The bristle stiffness of a toothbrush is associated with safe and effective toothbrushing [18,19]. In a recent study, we found that the bristle stiffness of a PBT toothbrush significantly decreased 2 months after use [6]. The bristle stiffness of a PBT toothbrush gradually decreased with use [6]. In this study, the deflection of the top–middle tuft increased more rapidly compared with that of the bottom–middle tuft for a PBT toothbrush with medium stiffness. It is likely that the bending stiffness of the bottom–middle tuft was maintained until 2 months of use. The participants performed regular toothbrushing, and the toothbrushing pressure was regularly checked during participation in the study. Therefore, it is likely that the individual differences in toothbrushing had little effect on the results of this study. The results suggest that the change in the bending stiffness of a single tuft depends on the site of the tuft. It is speculated that the bottom–middle tuft may be less susceptible to the mechanical impact of toothbrushing compared with the top–middle tuft until 2 months of use. The top–middle tuft may be more susceptible to mechanical impact during a short period after use. However, the reason why the deflection of the top–middle tuft did not change after 2 and 3 months of use compared with after 1 month of use remains unknown. One possible reason is a tuft other than the top tuft (e.g., a single tuft at the middle or bottom line) may alternatively become susceptible to mechanical impact after 2 months of use. Overall, the change in the bending stiffness of a single tuft seems to be different depending on the location of the tuft on the PBT toothbrush. An additional study is required to investigate the decreases in the bending stiffness of different tufts because we could not simultaneously investigate several tufts. Furthermore, the bending stiffness changes in different tufts of PBT toothbrushes with soft stiffness remain unknown. Therefore, a further study is necessary to clarify whether similar results are obtained for a single tuft of a PBT toothbrush with soft stiffness.

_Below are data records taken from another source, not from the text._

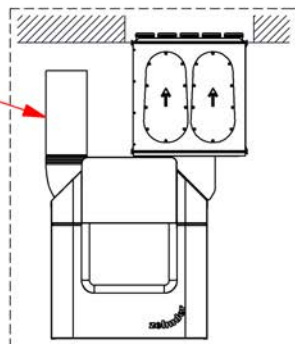

Zehnder ComfoFresh

MPL-CW

zehnder

always
around you

*CPP160

*CPP160

*CPP160

18 / 33* mm

Service

CAQ350-ST / CW-K320 / CW-M320

CAQ350-ST / CW-K420 / CW-M420
 *CAQ450/600-ST / CW-K420 / CW-M420

CAQ350-ST / CW-K520 / CW-M520
 *CAQ450/600-ST / CW-K520 / CW-M520

i

	X	L	B
	30	236	230
	30	336	230
	30	436	230
	30	536	230
	30	641	230
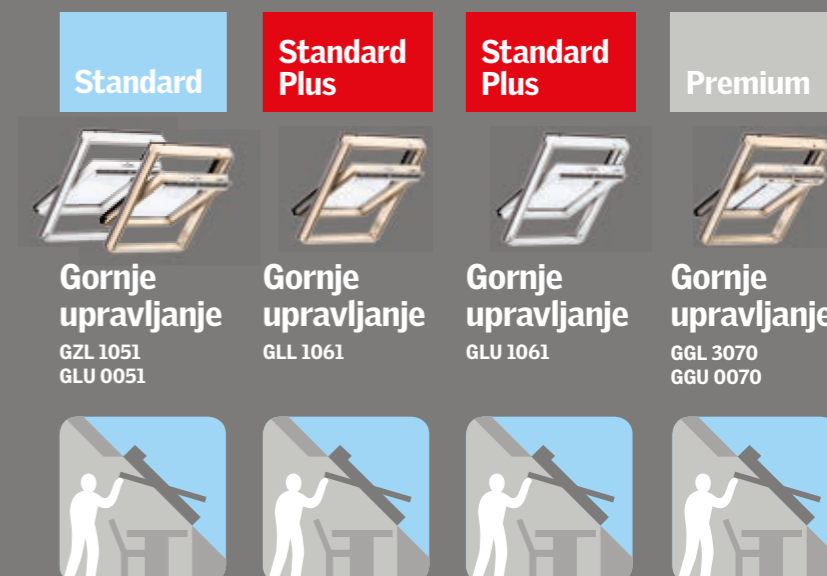

Vodič

1 Izaberite odgovarajući tip prozora i visinu ugradnje

Ugradnja na niskom parapetnom zidu
– preporučuje se prozor sa gornjim upravljanjem

Rešenja sa najboljim mogućim pogledom, funkcionalnošću i operativnošću. Za sve nagibe krovova (15°-90°)

Ugradnja na visokom parapetnom zidu
– preporučuje se prozor sa donjim upravljanjem

Za nagib krova (15°-55°)

Za nagib krova (15°-90°)

* GPL/GPU je takođe pogodan za ugradnju na relativno malim krovnim nagibima, zbog konstrukcije sa gornjim vešanjem - strana 31.
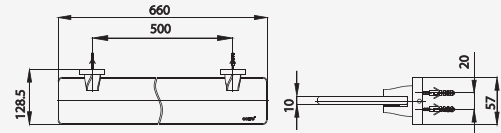

# TWIST ACCESSORIES

■ CT0061(HM)  
Robe Hook  
ขอแขวนผ้า

■ CT0062(HM)  
Glass Shelf 66 cm.  
หิ้งกระจก ยาว 66 ซม.

■ CT0063(HM)  
Towel Bar 65 cm.  
ราวแขวนผ้า ยาว 65 ซม.

■ CT0064(HM)  
Towel Bar 30 cm.  
ราวแขวนผ้า ยาว 30 ซม.
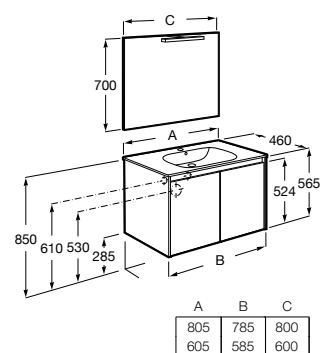

Unik - Conjunto de mueble base de dos puertas y lavabo. No incluye grifería.

A851774...	800 mm
A851773...	600 mm

Pack - Conjunto de mueble base de dos puertas, lavabo, espejo y aplique LED. No incluye grifería.

A851784...	800 mm
A851783...	600 mm

Opcional:

Conjunto de dos patas aluminio de 275mm.

A816829339

Acabados:
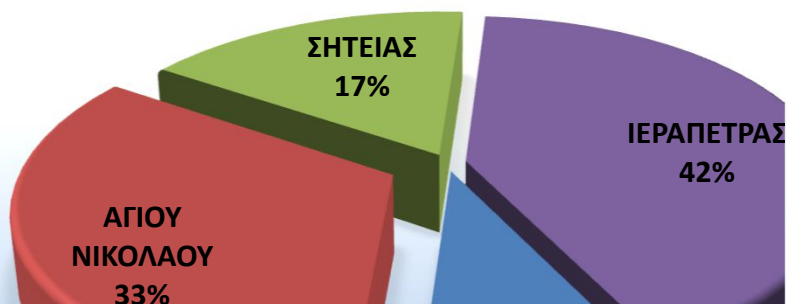

ΔΗΜΟΙ ΛΑΣΙΘΙΟΥ
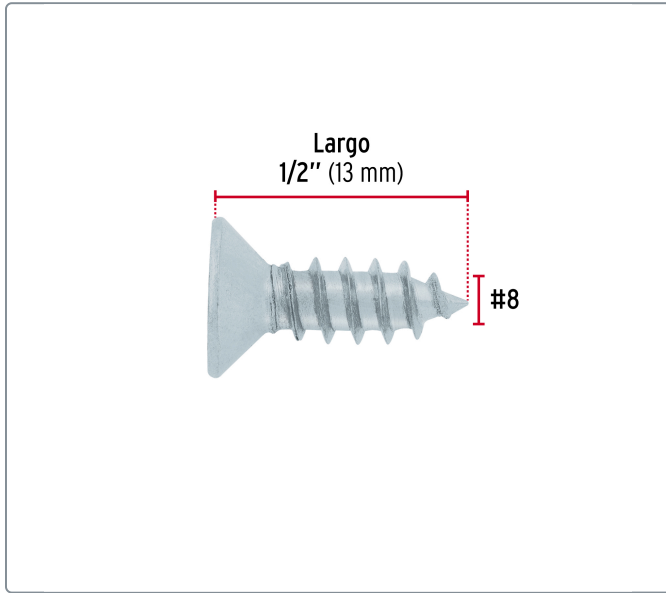

**FIERO** CÓDIGO: 40880 CLAVE: PILP-8X1/2**Bolsa 200 pijas para lámina cabeza plana #8 x 1/2", FIERO**

- Fabricadas en acero con acabado galvanizado
- Cabeza plana, para desarmador PH2
- Para unir objetos metálicos, madera, fibra de vidrio y plástico

**Especificaciones técnicas**

Número	8
Largo	1/2" (13 mm)
Rosca	Completa
Piezas por bolsa	200

Los productos ilustrados y la información pueden cambiar sin previo aviso, como resultado de nuestros procesos de mejora continua.
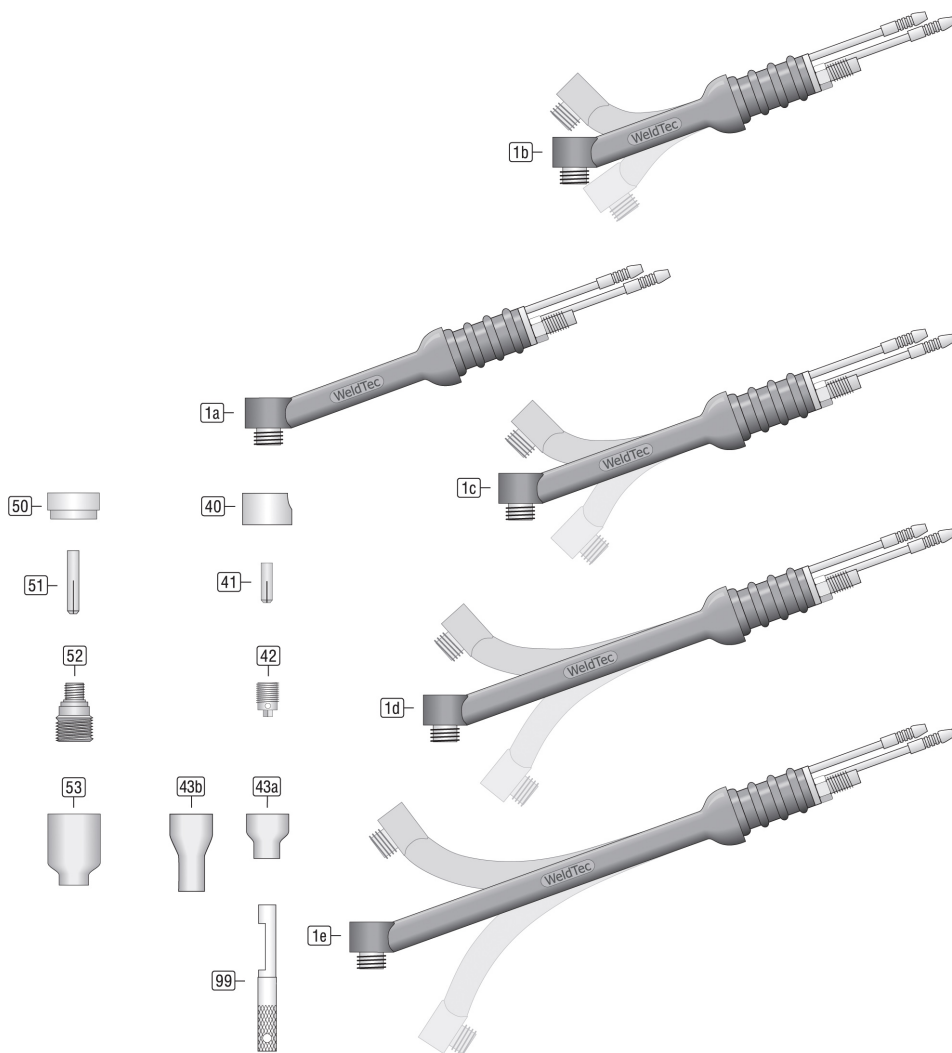

Daten blad

WT24W

WeldTec

00.DBL-8560124W-024W

01/2022

TIG Toortsen WT24W**Verslijtonderdelen**

Positie	Artikelbeschrijving	Bestelnummer
40	Isolator [53N22] WT-24/24W	85504222-W
41	Spantang Ø0,5mm L=14mm [53N15] WT-24/24W	85113150-W
	Spantang Ø1,0mm L=14mm [53N16] WT-24/24W	85113160-W
	Spantang Ø1,6mm L=14mm [53N14] WT-24/24W	85113140-W
	Spantang Ø2,4mm L=14mm [24C332] WT-24/24W	85113320-W
42	Spantang houder Ø0,5mm [53N17] WT-24G/24W	85123170-W
	Spantang houder Ø1,0mm [53N18] WT-24/24W	85123180-W
	Spantang houder Ø1,6mm [53N19] WT-24/24W	85123190-W
	Spantang houder Ø2,4mm [24CB332] WT-24/24W	85123320-W
43a	Gasmondstuk #6 iØ9,6mm L=16,5mm [53N27A] WT-24/24W	85253270-W
43b	Gasmondstuk #6 iØ9,6mm L=29mm [53N26] WT-24/24W	85253260-W
50	Isolator Gaslens [53N66] WT-24/24W	85504660-W
51	Spantang Ø0,5mm L=23mm [53N62] WT-24/24W	85113620-W
	Spantang Ø1,0mm L=23mm [53N63] WT-24/24W	85113630-W
	Spantang Ø1,6mm L=23mm [53N64] WT-24/24W	85113640-W
	Spantang Ø2,4mm L=23mm [24GLC332] WT-24/24W	85113323-W
52	Gaslens Ø0,5mm [45V41] WT-9/20/24/25 SW-320 WT-22/23	85134541-W
	Gaslens Ø1,0mm [45V42] WT-9/20/24/25 SW-320 WT-22/23	85134542-W
	Gaslens Ø1,6mm [45V43] WT-9/20/24/25 SW-320 WT-22/23	85134543-W
	Gaslens Ø2,4mm [45V44] WT-9/20/24/25 SW-320 WT-22/23	85134544-W
53	Gasmondstuk #4 iØ6,4mm L=25mm [53N58] WT-9/20/24/25 SW-320 WT-22/23	85253580-W
	Gasmondstuk #5 iØ8,0mm L=25mm [53N59] WT-9/20/24/25 SW-320 WT-22/23	85253590-W
	Gasmondstuk #6 iØ9,6mm L=25mm [53N60] WT-9/20/24/25 SW-320 WT-22/23	85253600-W
	Gasmondstuk #7 iØ11,2mm L=25mm [53N61] WT-9/20/24/25 SW-320 WT-22/23	85253610-W
99	Spansleutel [53N20] WT-24/60/125	85521002

Onderdelen

Positie	Artikelbeschrijving	Bestelnummer
1a	Toorts lichaam WT-24W vloeistofkoeling	8560124W
1b	Toorts lichaam WT-24GF luchtgekoeld	85601242
1c	Toorts lichaam WT-24WF3 vloeistofkoeling	85601243
1d	Toorts lichaam WT-24WF4" vloeistofkoeling	85601244
1e	Toorts lichaam WT-24WF5" vloeistofkoeling	85601245
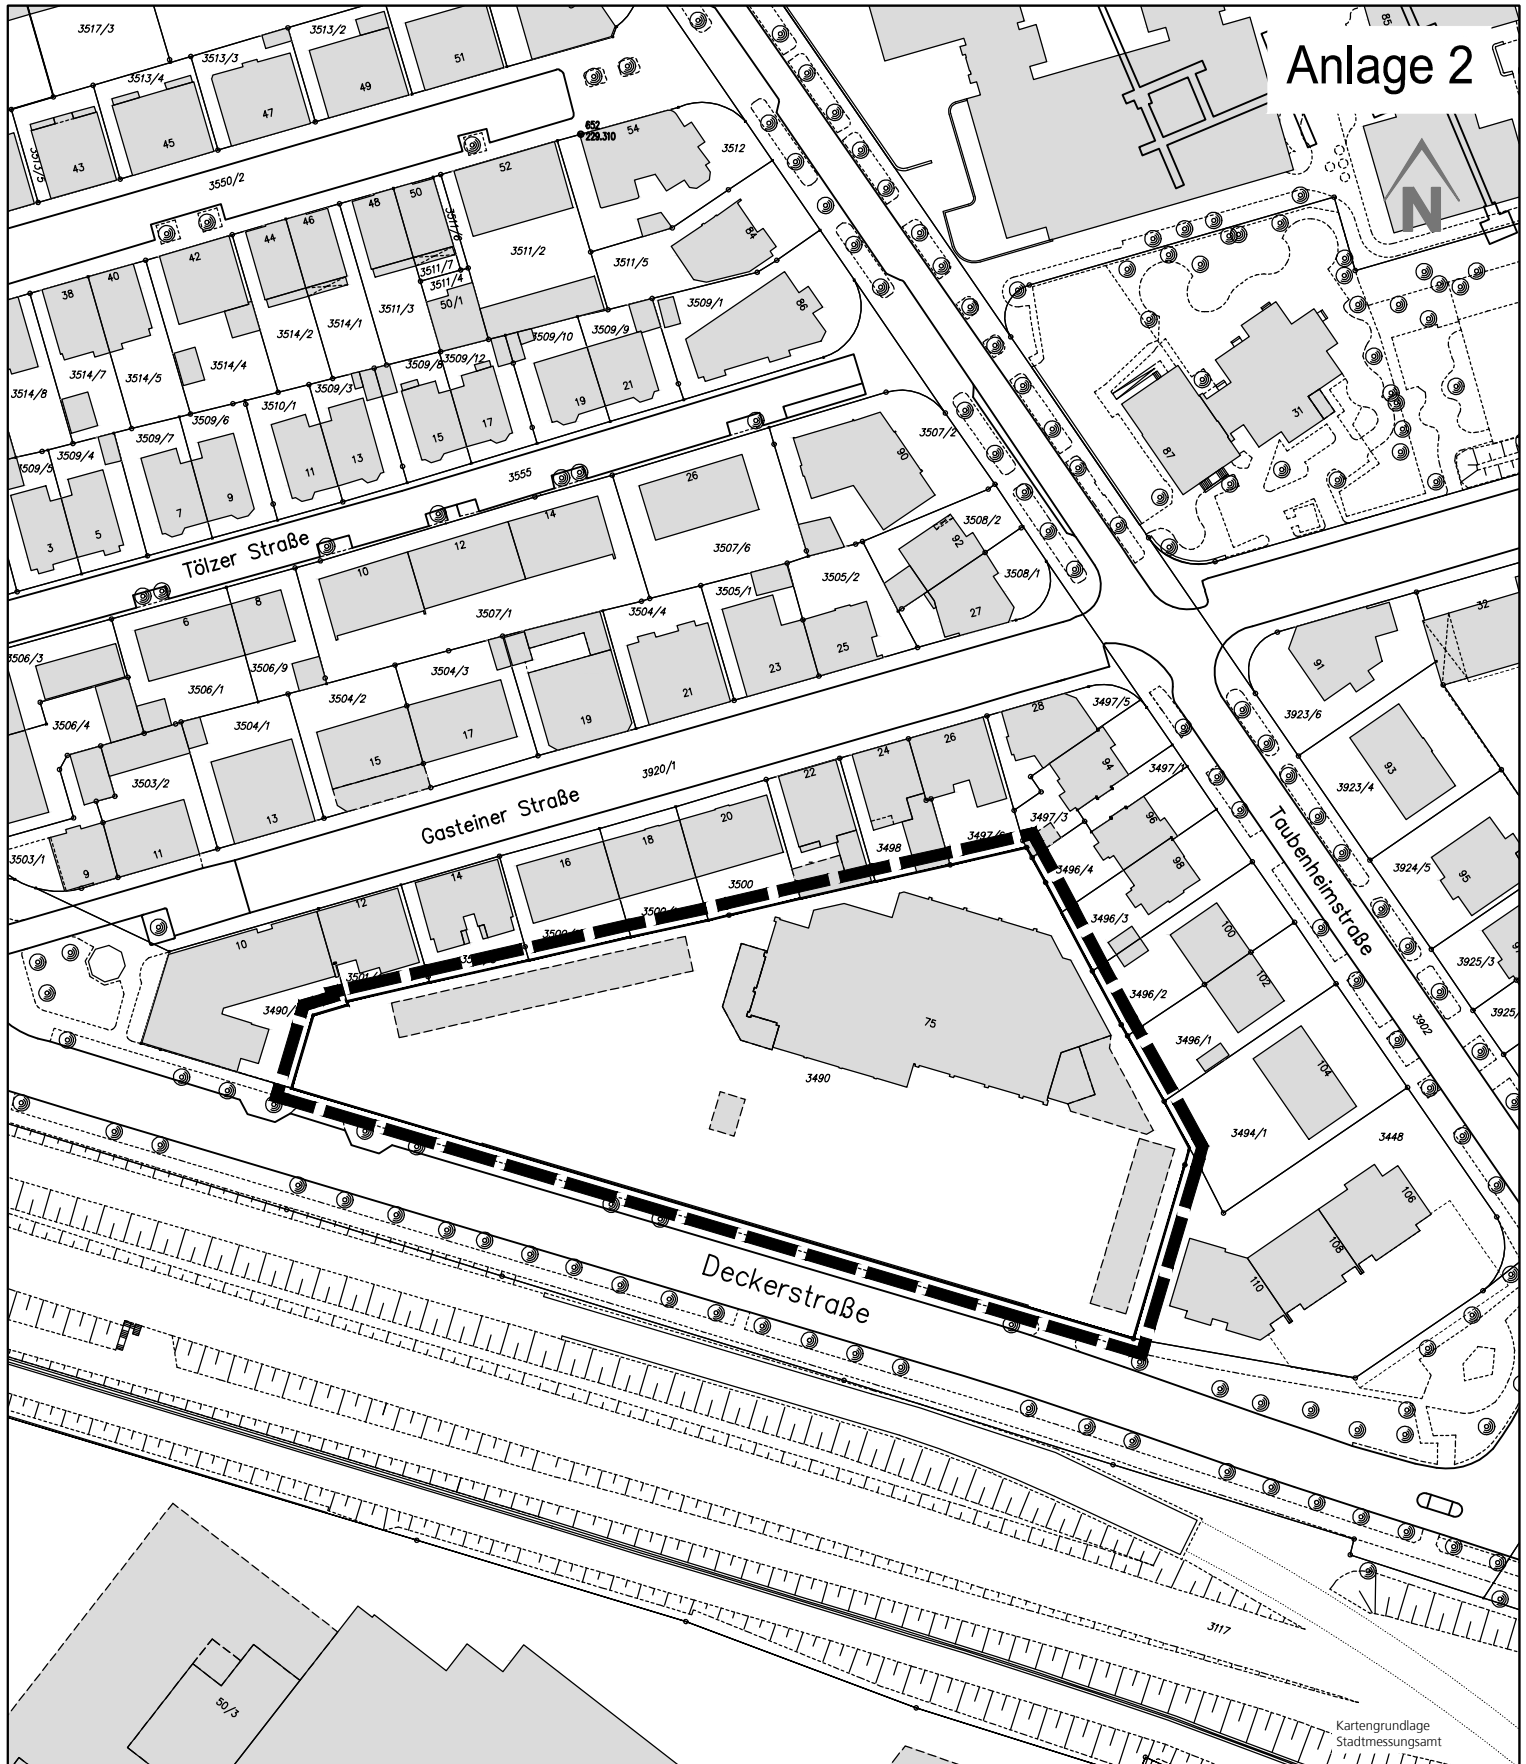

Anlage 2

Kartengrundlage
Stadtmessungsamt

Amt für Stadtplanung und Wohnen STUTTGART  Städtebauliche Planung Neckar	
Aldi Deckerstr Stuttgart - Bad Cannstatt	Plan Nr. Ca 325 Datum: 01.06.2022 Maßstab: unmaßstäblich Geändert:
Bearbeitet: Ne / Kre / Ak	Abteilungsleiter/In: Althanns Amtsleiter: Thorsten Donn

We speculate that the deflection value of the top–middle tuft at M3 was greater than at M1 and M2. However, the mean deflection value of the top–middle tufts at M3 was smaller than at M1 and M2, but the difference was not significant. In this study, each toothbrush was evaluated independently after 1 month of use, after 2 months of use, and after 3 months of use. Thus, the toothbrushes collected after 3 months of use were not the same toothbrushes as the toothbrushes collected after 1 month of use or 2 months of use. Therefore, the small decrease in the deflection value at M3 can be attributed to the independent examination of the toothbrushes in this study. Bristle splaying increased with time for both tufts. However, the deflection of the bottom–middle tuft did not significantly change until 2 months of use. In addition, no significant change in the deflection of the top–middle tuft was found after 2 months of use. These results suggest that bristle splaying may not be correlated with the bending stiffness of the top– and bottom–middle tufts of PBT toothbrushes.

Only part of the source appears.